The following code contains two functions that compute Lennard-Jones potentials, U(r) = 4\varepsilon \left(\frac{\sigma^{12}}{r^{12}} - \frac{\sigma^6}{r^6}\right) for all pairs of a set of 1000 particles.
The first function is the “obvious” one, which directly translates the formula above. In the second one I manually optimize the computation of the powers of \sigma and r .
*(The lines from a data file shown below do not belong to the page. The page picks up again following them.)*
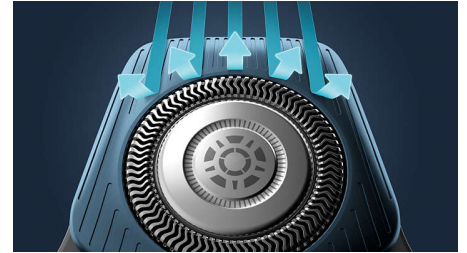

Power Adapt-sensor

Den elektriske shaver har en intelligent sensor til ansigtshår, der aflæser hårets tæthed 125 gange i sekundet. Teknologien tilpasser automatisk skærestyrken og giver ubesværet og nænsom barbering.

Fleksible 360-D-hoveder

Denne elektriske Philips-shaver er designet til at følge ansigtets konturer og har fuldt fleksible hoveder, der drejer 360° for at opnå en grundig og behagelig barbering.

Hårføringspræcisionshoveder

Denne nye formprecisionsshaver er forbedret med hårføringskanaler, der giver optimal afskæring og hudkomfort.

Ledningsfri kapsel til hurtig rengøring

Rensekapslen er 10 gange så effektiv som rengøring med vand**** og renser og smører shaveren grundigt på blot 1 minut. Den er med til at opretholde shaverens ydeevne og forbedrer hygiejnen.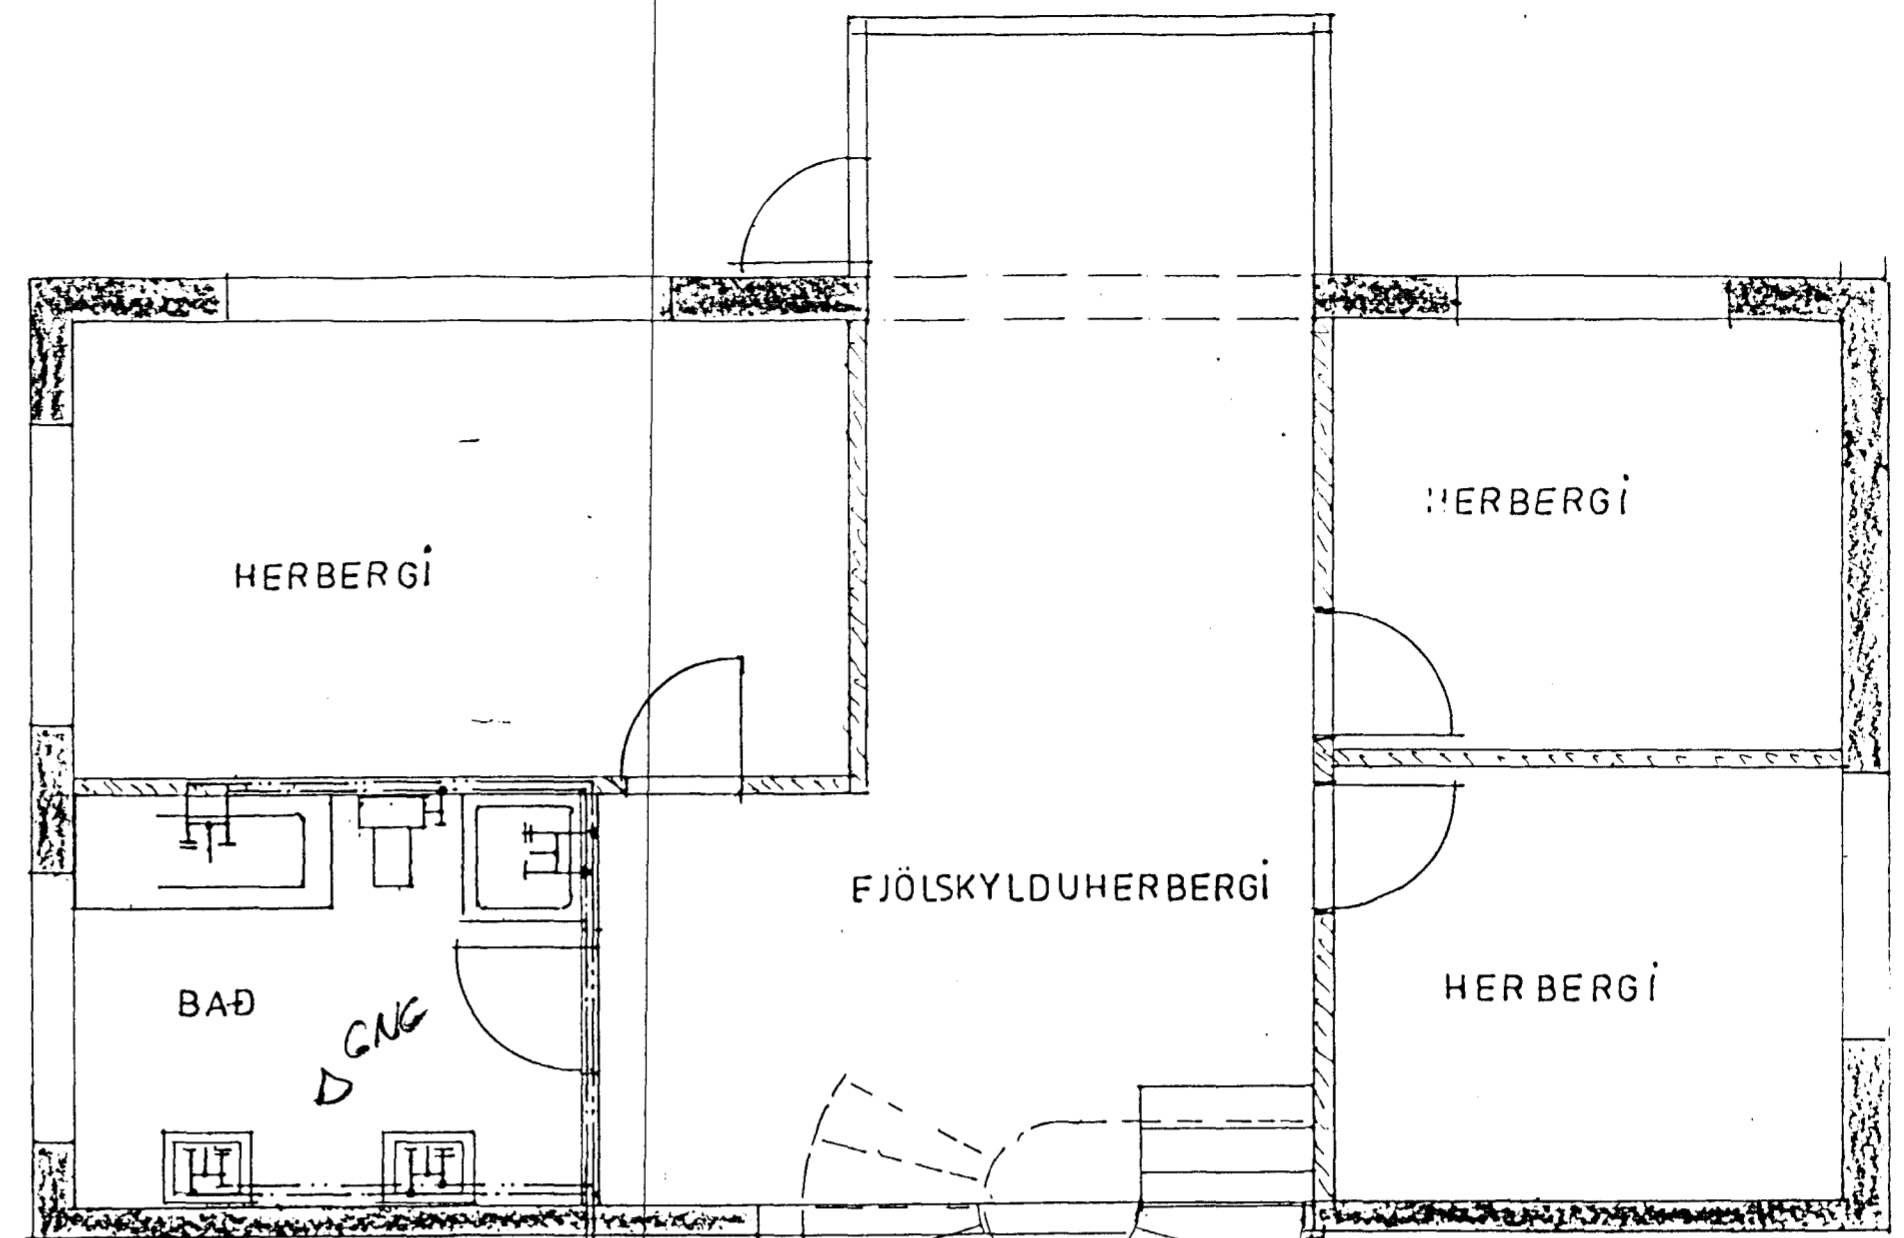

GRUNNMYND EFRÍ HÆÐ M:1:50

GRUNNMYND NEÐRÍ HÆÐ M:1:50

HITAVEITUKERFI
Húsatenging einfalt kerfi

SKEMATÍSK TEIKNING AF MÆLAGRIND

VERKHÖNNUN
VERKFRÆÐI- OG TEIKNISTOFA

ÁRMÚLA 21 REYKJAVÍK SÍMÍ 91-3990

Verk nr. 328 Teiknað:
Teikn. nr. 203 Hannað:
Mælikv.: 1:50 Samþykkt: *[Signature]*
Dags. DES. 1991 Breytt:

Verkefni:
HÁABERG 5 HAFNARÉIÐI
Heiti teikn.: NEYSLUVATN, GRUNNMYND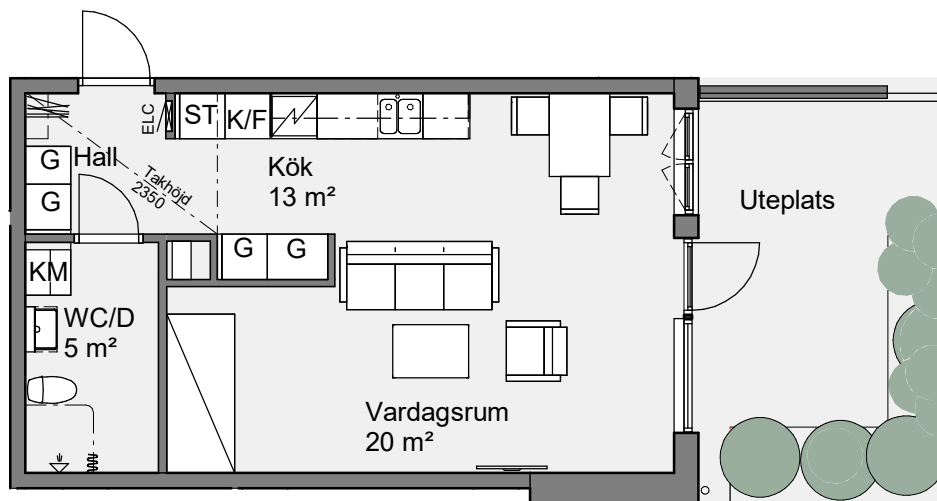

Holgersgatan 10F  
 Lägenhet 10F 1103  
 1 RoK 43 Kvm

Bröstningshöjd fönster är 600 mm om inget annat anges.  
 Takhöjd är 2600 mm om inget annat anges.  
 Takhöjd i wc/d är 2350 mm.

**Teckenförklaring**

BH	Bröstningshöjd	ST	Städsåp
ELC	Elcentral	G	Garderob
K	Kylåp	TM	Tvåttmaskin
F	Fryssåp	TT	Torktumlare
K/F	Kyl/Frys	KM	Kombimaskin
DM	Diskmaskin	KLK	Klådkammare
HS	Högåp	—	Våggåp/Klådstång
	Spis/Ugn		Öppningsbart fönster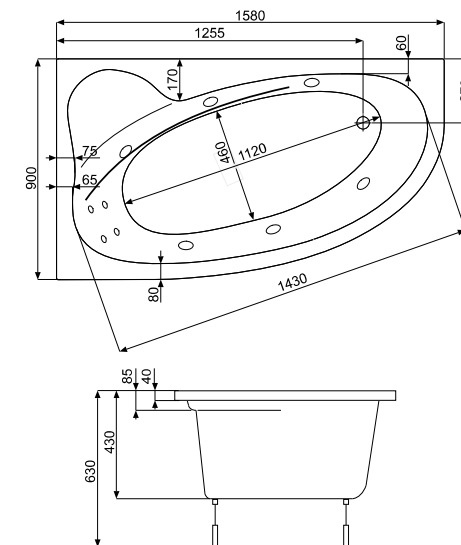

Nimfa 160 x 90

wanna lewa **NR REF. PWA11..ZN000000**
wanna prawa **NR REF. PWA10..ZN000000**

pojemność 200 l; głębokość 43 cm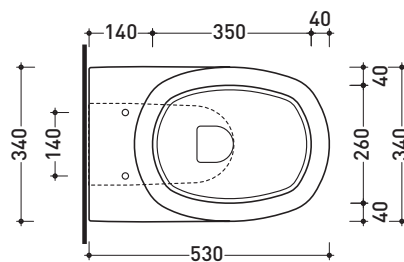

Dim. Imballo 54 x 36 x 45,5 cm | Peso 25 kg | Pz. Pallet n° 15

CE UNI EN 997

Dop-No997

FINO AD ESAURIMENTO SCORTE

FLAMINIA sconsiglia l'abbinamento di questo Wc con passo rapido/flussometro e cassette alte tradizionali.

vista zenitale / zenital view

vista laterale / lateral view

sezione longitudinale / section

vista retro / back view

dimensioni in mm

Le misure dimensionali riportate hanno una tolleranza del 2%

CERAMICA: finiture lucide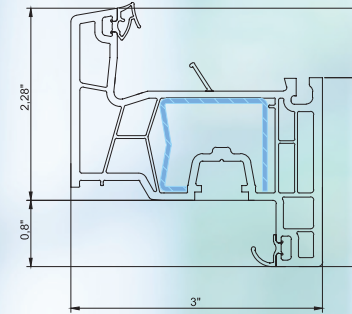

Profile system Kömmerling 76AD

white triple casement window

frame

sash

Fittings: **Winkhaus activPilot**
Insulating glass: **4-16-4i (0,94")**

width.height	60"	63"	67"	71"	75"	79"	83"	87"	91"	95"	99"	103"	107"	111"	115"	119"
28"	400	408	416	425	433	442	452	461	474	482	490	503	514	522	531	539
32"	419	428	437	446	455	464	475	483	497	506	515	528	540	548	557	566
36"	453	462	471	480	490	499	510	520	534	543	552	566	578	587	596	606
40"	475	485	495	504	514	524	535	545	560	569	579	593	606	615	625	635
44"	496	506	516	526	536	546	559	569	584	594	604	619	631	642	652	662
48"	521	532	543	553	564	574	587	598	613	623	634	649	662	673	684	694
52"	542	553	564	575	586	597	610	621	637	648	659	675	688	699	710	721
56"	563	574	586	597	608	620	633	645	661	672	684	700	714	726	737	748
60"	585	597	609	620	632	644	658	670	687	699	710	727	741	753	765	777
63"	613	626	638	650	663	675	690	702	719	731	743	760	775	788	800	812
67"	634	647	660	672	685	698	713	725	743	756	768	786	0	814	827	839
71"	657	670	683	696	709	723	738	751	769	782	795	813	829	842	—	—
75"	679	692	706	720	733	747	763	776	795	808	822	840	856	—	—	—
79"	711	725	739	753	767	781	797	811	830	844	858	877	894	—	—	—

*Prices exclude TAX, **but delivery included**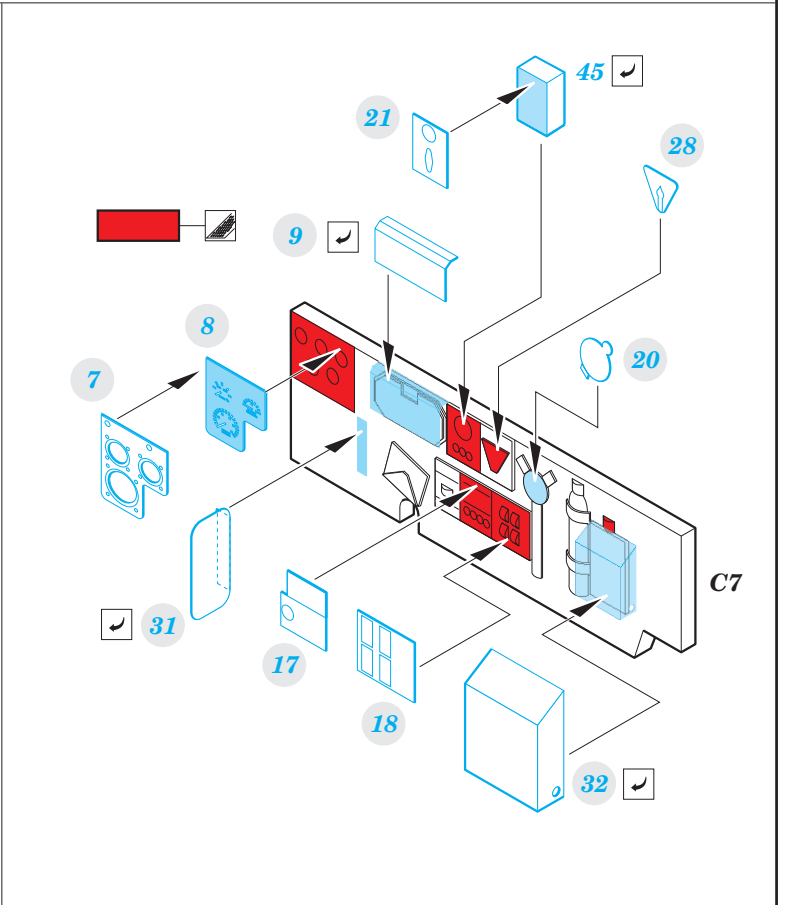

# P-61B

eduard

**SS 638**

**1/72**

detail set for 1/72 HOBBY BOSS kit • sada detailů pro stavebnici 1/72 HOBBY BOSS

- APPLY EXPRESS MASK AND PAINT BEFORE GLUING  
POUŽIT EXPRESS MASK NABARVIT PŘED SLEPENÍM
  - SYMMETRICAL ASSEMBLY  
SYMETRICKÁ MONTÁŽ
  - REMOVE  
ODSTRANIT
  - GRIND  
OBROUSIT
  - DRILL HOLE  
VRTAT OTVOR
  - COLORED ETCHED PARTS  
LEPTANÉ BAREVNÉ DÍLY
  - ETCHED PARTS  
LEPTANÉ NEBAREVNÉ DÍLY
  - ORIGINAL KIT PARTS  
PŮVODNÍ DÍLY STAVEBNICE
- BEND  
OHNOUT
  - OPTION  
VOLBA
  - REPLACE  
NAHRADIT

ORIGINAL KIT PARTS PŮVODNÍ DÍLY STAVEBNICE	PHOTO-ETCHED PARTS LEPTANÉ DÍLY	PARTS TO BE REMOVED DÍLY K ODSTRANĚNÍ	FILL TMELIT
---	------------------------------------	--	----------------

**Related products: 72 674 P-61B exterior 1/72**

The difference is way too large:
77.724 ms (0 allocations: 0 bytes)
1.802 ms (0 allocations: 0 bytes)
Code
using StaticArrays, LinearAlgebra, BenchmarkTools, Test
function lj1(x)
eps = 2.0
sig = 1.0
u = 0.
for i in 1:length(x)-1
for j in i+1:length(x)
r = norm(x[j] - x[i])
u += 4*eps*(sig^12/r^12 - sig^6/r^6)
end
end
return u
end
function lj2(x)
eps = 2.0
sig = 1.0
sig6 = sig^6
sig12 = sig6^2
u = 0.
for i in 1:length(x)-1
for j in i+1:length(x)
r = norm(x[j] - x[i])
r3 = r^2*r
r6 = r3^2
r12 = r6^2
u += 4*eps*(sig12/r12 - sig6/r6)
end
end
return u
end
x = rand(SVector{2,Float64},1000)
@test lj1(x) ≈ lj2(x)
@btime lj1($x)
@btime lj2($x)
I would not be very concerned about this if this was actually a very performance-critical code, manually optimizing those exponents is not a big drama.
However, I am writing this code for a demonstration, hands-on, course on molecular dynamics, so having a code as close as possible as the text-formulas is important. In this case, in particular, the difference is the simulation taking 1 minute vs. taking 20 minutes, thus completely changing the flow of the course.
As a side-note, gfortran does seem to optimize these exponentiations, and the code is fast in the “natural” version.
Thus, my questions are: is there any important/fundamental that is impairing Julia to optimize these exponents, is it just an implementation detail that is on the list, or what?